How can you get the average business person to dedicate an hour of her busy workday to sit through your Webinar?

When Webinars were first introduced a few years ago, they were a novelty. As a result, registration rates were high.

Now that they're more common place, you have to work hard to get the average business person to dedicate an hour of her workday to sit through yours. It's important to maximize every touch point in the Webinar marketing process.

We've talked about Webinar marketing cycles and some other guidelines in past columns, so today I'll run down a quick list of additional techniques for boosting your registration rates.

Give Your Webinar a Sexy Title

It always amazes me how little time is dedicated to naming Webinars (or live conferences and events, for that matter). The programming staff often just slaps on a "working title" that somehow becomes the real title over time.

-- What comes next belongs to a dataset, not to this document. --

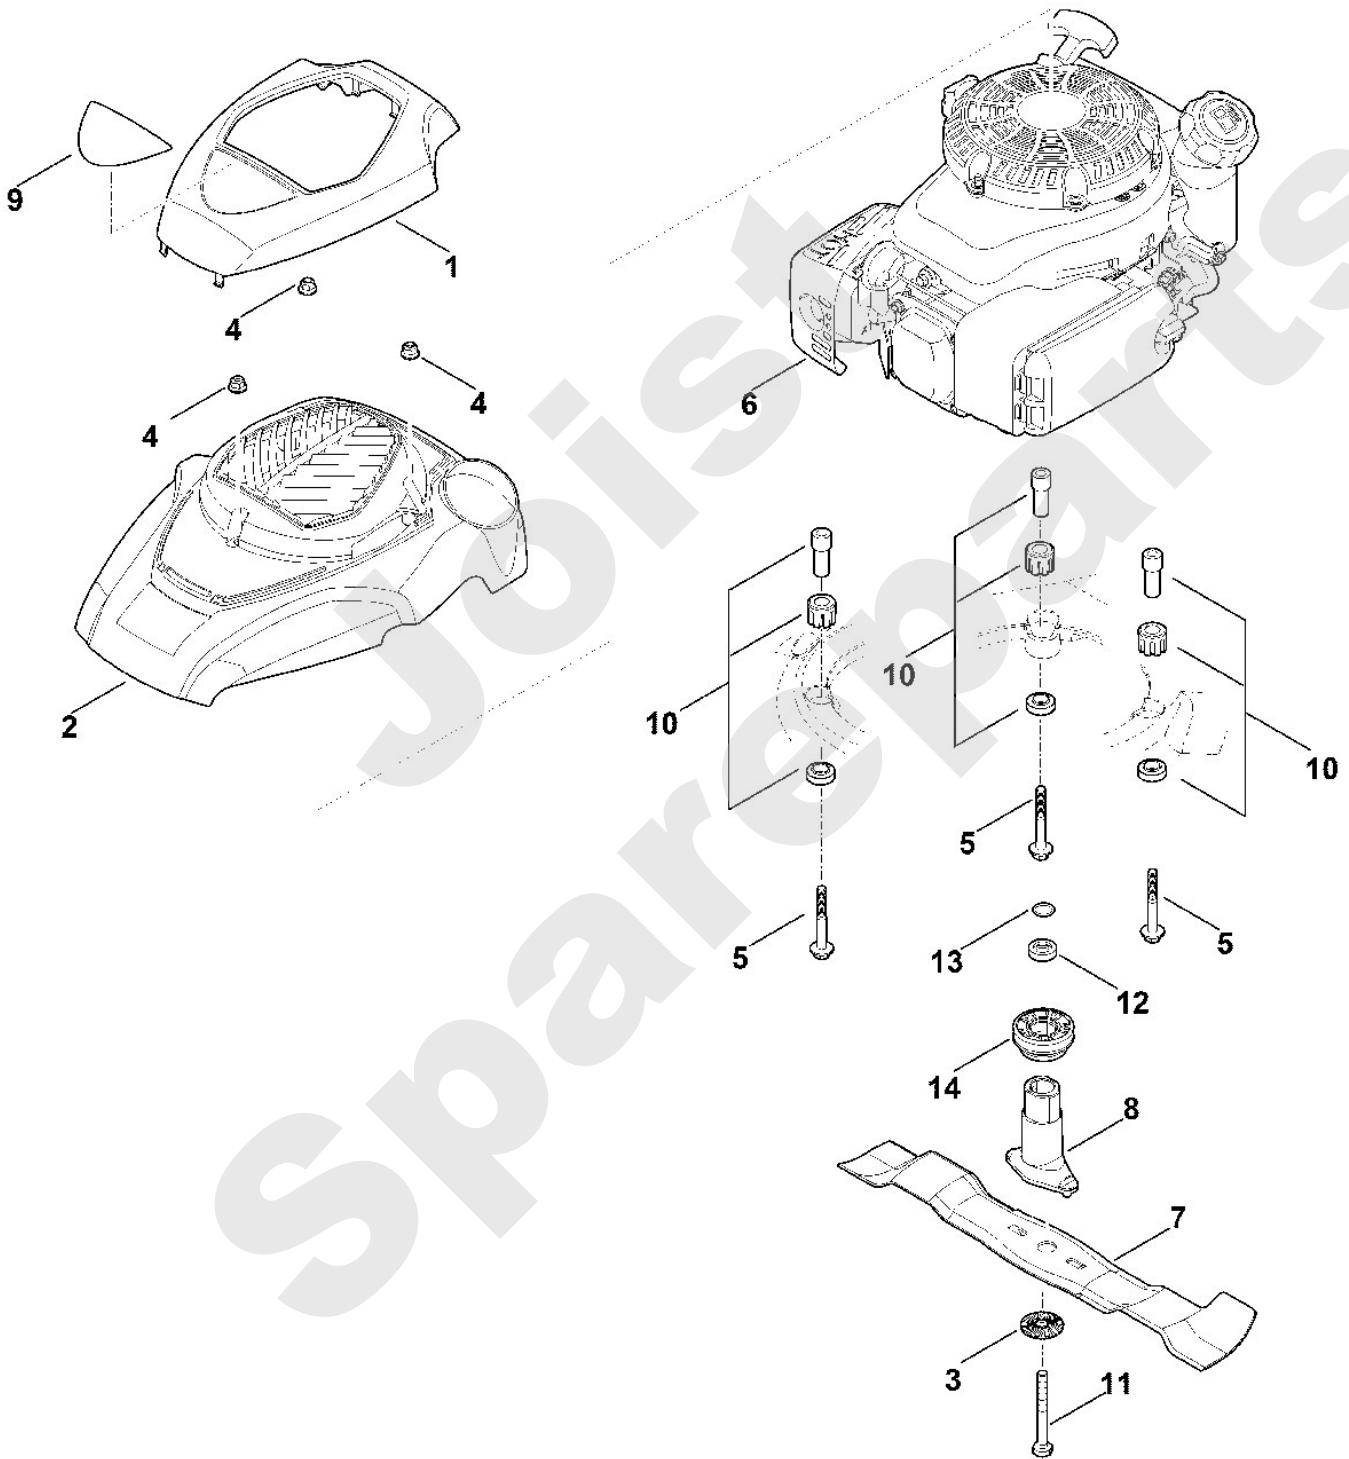

Viking

Rasenmäher / Benzin / MB 650.3 T
Stückliste (6/10): F - Motor, Messer

Believe me, this is a mistake. The right Webinar title can immediately elevate your Webinar from "ho-hum" to "must attend."

How do you create a sexy Webinar title that stands out in the inbox?

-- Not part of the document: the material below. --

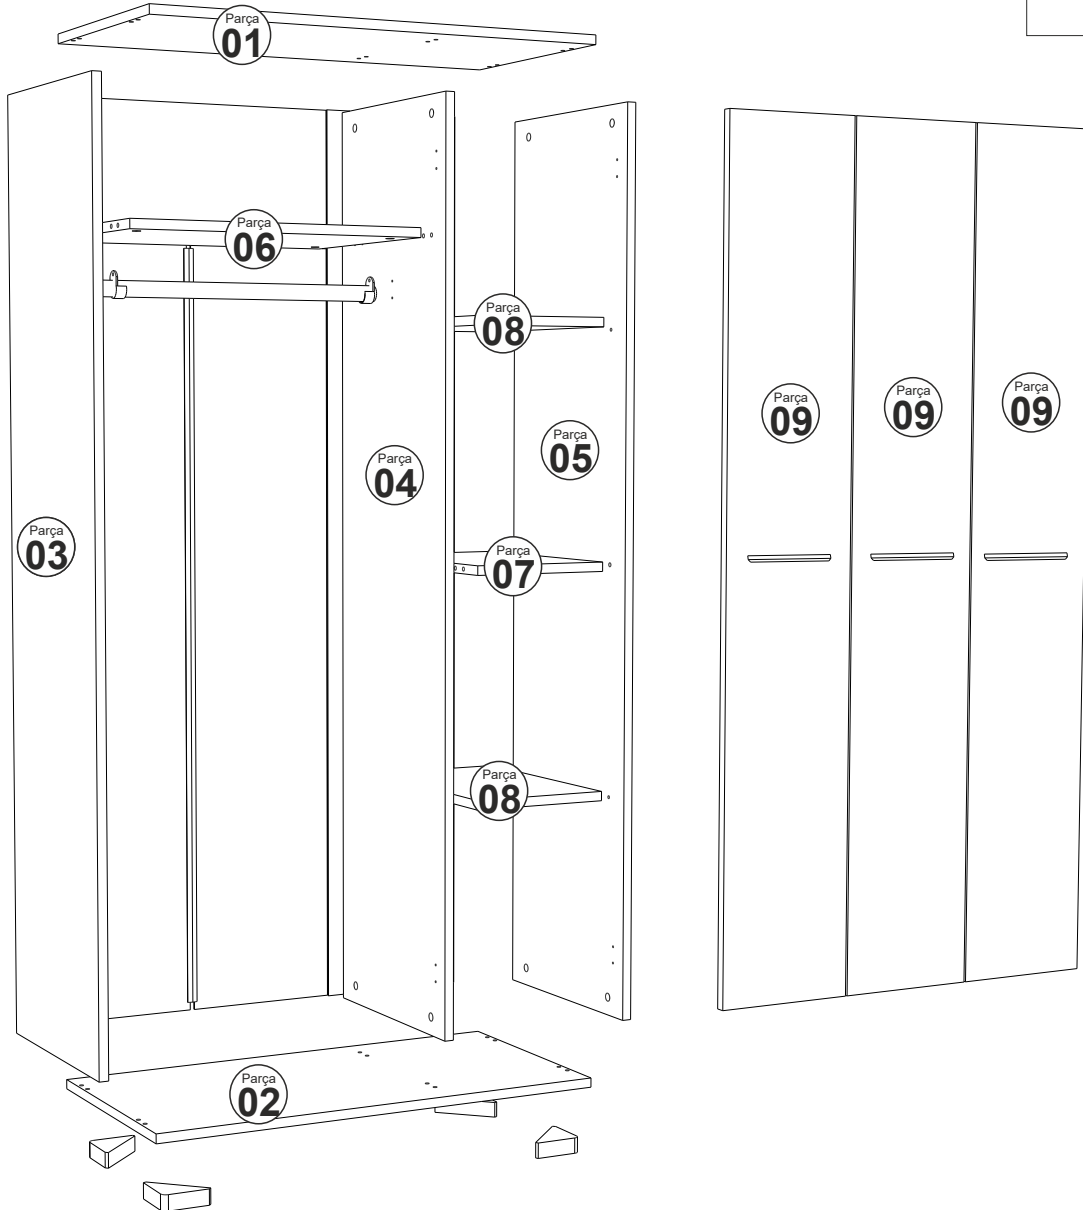

PARÇA KODLAMA / GENERAL VIEW

First, find out the hot-button issues in your industry and the keywords that people use when they look for a company like yours. Definitely talk to your salespeople about what their clients are talking about most these days.

Then, bring in a copywriter to craft 10 to 20 titles using these key phrases. Be sure the Webinar titles run no longer than 30 characters, so there's room in your e-mail invitation's subject line for additional words, like "Webcast" or "you're invited."

Also, think about your title graphically. Can you create a cool logo for it to put on top of your e-mail as a template and to use as a banner when you advertise?

Although Webinars have a short shelf life, they can also have a long tail as a key part of your lead-generation efforts. So it pays to create a compelling brand for each Webinar event.

Format Webinar Invites for Maximum Eye Appeal

I've seen a number of eye-tracking heat maps for Webinar invitations, and they all show basically the same thing: people pay the most attention to the first two horizontal lines of your first paragraph, which you would expect. Then, in the main copy area, readers seem to focus on the left side of the page, taking note of the first few subheads between paragraphs and beginning words of any bullet points.

It's important, then, to frontload your copy, putting the most important keywords at the beginning of a paragraph or bullet point. Also, make sure those subheads highlight your audience's hot-button issues.

It's a new way of writing, but it could be worth the effort. As I've talked about in past columns, when I frontload subject lines with keywords, response rates soar. Now it could be just as important to train yourself to write keywords in the beginning of sentences.

Another place that people focus is on photographs of people. If you have headshots of your speakers, put them in. And write compelling captions for those photos to encourage registrations.

Make It Easy to Register

This should be a no-brainer, but it isn't, given the horribly dense Webinar landing pages I've seen.

First of all, the landing page should be a one-click operation. You don't want the reader to go from the e-mail to a landing page that describes the Webinar further yet another page to get to the registration form.

The better approach is to have just one landing page set up as two-column format. On the left column, which could take up two thirds of the screen, put the descriptive copy about the Webinar. On the narrower right column, put in a brief registration form. That way, the reader will see both on the initial screen, above the fold.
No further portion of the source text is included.